TOKYO (Reuters) – Oil prices fell on Thursday, extending losses from the previous session after official data showed U.S. crude and gasoline stocks rose against expectations and production hit a record.
Brent crude futures <LCOc1> were down 16 cents, or 0.3%, at $63.90 a barrel by 0141 GMT, having dropped 0.3% on Wednesday.
U.S. West Texas Intermediate crude <CLc1> fell 21 cents, or 0.4%, to $57.90, after falling 0.5% in the previous session.
Crude stockpiles in the United States swelled 1.6 million barrels last week as production hit a record high of 12.9 million barrels per day (bpd) and refinery runs slowed, the Energy Information Administration said.
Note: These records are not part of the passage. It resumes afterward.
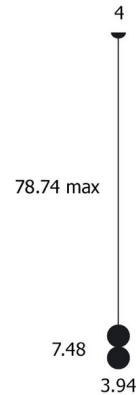

Lightology

lightology.com
866-954-4489
04-05-26

Project: _____

Company: _____

Location: _____ Fixture Type: _____

SPEC #: **POM872928**

Approved On: _____ Approved By: _____

Origo Pendant

By davidpompa

Description

The Origo Pendant is geometry in its purest form. It embodies opposite materials, using volcanic rock and glass. Light shines from the Opal diffuser showcasing the Black or White rocks uneven surface. Handcrafted in Mexico. Note: Black Rock includes a black cord and 4.72 inch canopy. White Rock includes a white cord and 4.72 inch canopy.

Specifications

COLOR	Opal
BODY FINISH	Black Rock
WATTAGE	4W
DIMMER	Standard 120V
DIMENSIONS	3.94"W x 7.48"H
BULB INCLUDED	1 x JCD/G9/4W/120V LED
COUNTRY OF ORIGIN	Mexico

Technical Information

PRODUCT DIMENSIONS	Cable Length: 78.74"
LAMP COLOR	2300K
LUMENS/WATT	87.50
LUMINOUS FLUX	350 lumens

CLICK TO VIEW PRODUCT

Notes:
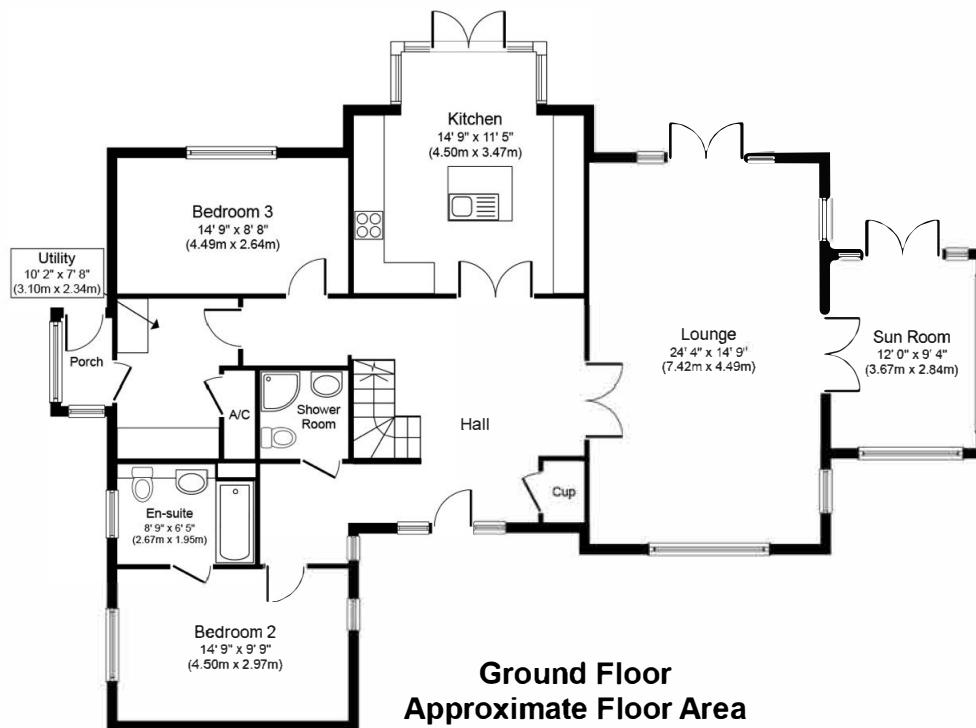

Boat House and ancillary accommodation

Ground Floor
Approximate Floor Area
1,466 sq. ft.
(136.2 sq. m.)

First Floor
Approximate Floor Area
619 sq. ft.
(57.5 sq. m.)

Whilst every attempt has been made to ensure the accuracy of the floor plan contained here, measurements of doors, windows, rooms and any other items are approximate and no responsibility is taken for any error, omission, or misstatement. This plan is for illustrative purposes only and should be used as such by any prospective purchaser or tenant. The services, systems and appliances shown have not been tested and no guarantee as to their operability or efficiency can be given.

Analysts in a Reuters poll had forecast an inventory drop of 418,000 barrels.
More bearish was a 5.1 million-barrel rise in gasoline stocks, compared with forecasts for a 1.2 million-barrel gain.
Oil prices had risen earlier this week on expectations that China and the United States, the world’s two biggest crude users, would soon sign a preliminary agreement, putting an end to their 16-month trade dispute.
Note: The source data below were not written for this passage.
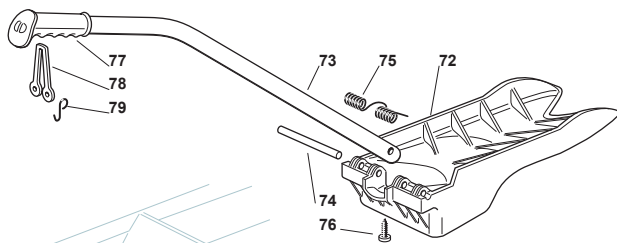

Fig.	Quantity	Part No	Description	Notes
2	1	382400003/1	Ejection Guard	
3	1	325869043/0	Rear Support	
4	2	118566112/0	Push Road	
5	2	112689515/0	Screw	
6	2	112154510/0	Nut	
7	2	125510022/0	Pin	
8	2	124487998/0	Cotter Pin	
9	1	124487999/0	Spring Pin	
22	1	125519997/1	Front Weight Tc	
23	3	112760520/0	Screw	
24	3	112155000/0	Nut	
42	1	382735502/0	Bracket	
43	1	325774213/0	Bracket	
44	1	382033105/1	Rod	
45	1	125510021/1	Hitch Pin	
46	2	124487999/0	Spring Pin	
51	1	182180050/0	Battery Charger	CE Plugg
51	1	182180052/0	Battery Charger	UK Plugg
72	1	325140097/0	Deflector	
73	1	325394005/0	Handle	
74	1	125510077/0	Pin	
75	1	125430245/0	Spring	
76	1	112735405/0	Screw	
77	1	325280000/1	Handgrip	
78	1	125840011/1	Tie Rod	
79	2	125253004/0	Mulch.Kit Fixing Hook

“The stock data overshadowed other supply-side issues and a general pick-up in sentiment regarding the U.S.-China trade deal,” ANZ Research said in a note.
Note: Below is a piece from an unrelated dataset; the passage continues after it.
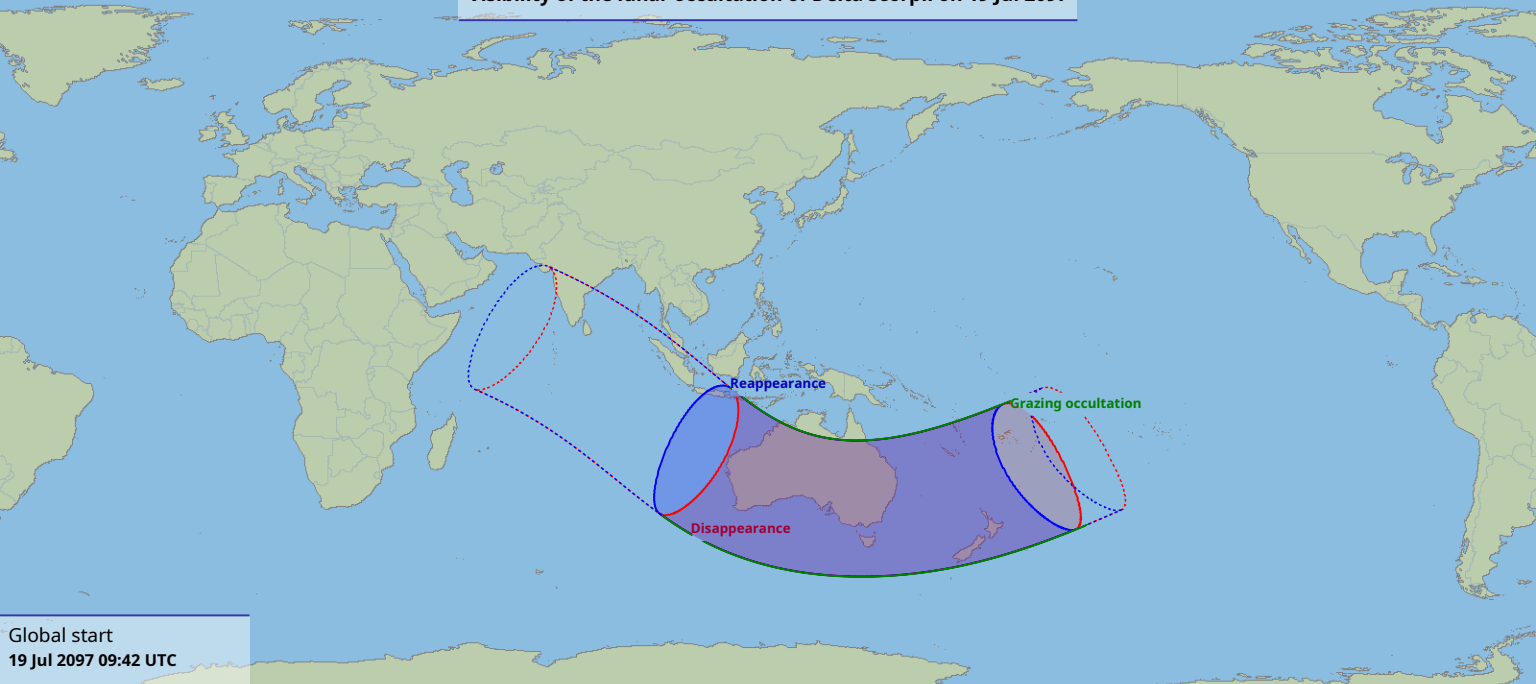

# Visibility of the lunar occultation of Delta Scorpii on 19 Jul 2007

Global start  
19 Jul 2007 09:42 UTC

Global end  
19 Jul 2007 14:19 UTC

Forces based in eastern Libya said on Wednesday they had driven rival factions from the 70,000-bpd El Feel oilfield after attacking the area with air strikes, leading to production being halted and raising some worries about supply.
In the United States as well, energy services company Baker Hughes <BRK.N> reported that U.S. oil drillers reduced the number of drilling rigs for a record 12 months in a row.
Drillers cut three oil rigs in the week to Nov. 27, bringing the count down to 668, lowest since April 2017, Baker Hughes said in its report released a day early due to the U.S. Thanksgiving holiday.